### What is being asked
Set down the data below from its first line to the line holding "Description", inclusive; omit all pictures.

##############################

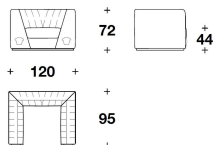

**BASE** Lacquered wood with semiglossy finishing

**OPTIONAL 1** Armchair with swivel base

**OPTIONAL 2** Push-pull drawers version, on 3 seater sofa armrests

GES (POL)  
POLTRONA / ARMCHAIR  
120x95x72H. - H.S.44cm  
47 1/3x37 1/3x28 1/3H. - H.S.17 1/4"
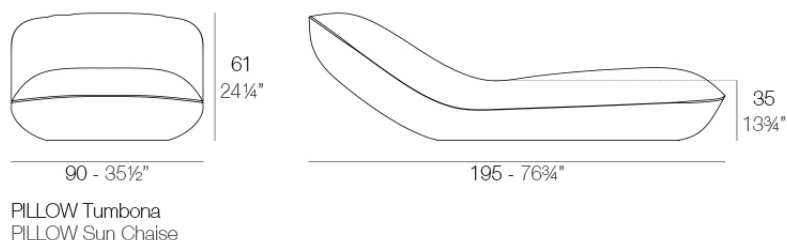

Info

Description

Made of polyethylene resin by rotational moulding. 100% Recyclable. Item suitable for indoor and outdoor use. Available in different finishes.

Weight: 33.37 Kg

Finishes

finishes

BASIC

Ref. 55013

##############################

### The completed task
**BASE** Lacquered wood with semiglossy finishing

**OPTIONAL 1** Armchair with swivel base

**OPTIONAL 2** Push-pull drawers version, on 3 seater sofa armrests

GES (POL)  
POLTRONA / ARMCHAIR  
120x95x72H. - H.S.44cm  
47 1/3x37 1/3x28 1/3H. - H.S.17 1/4"

Info

Description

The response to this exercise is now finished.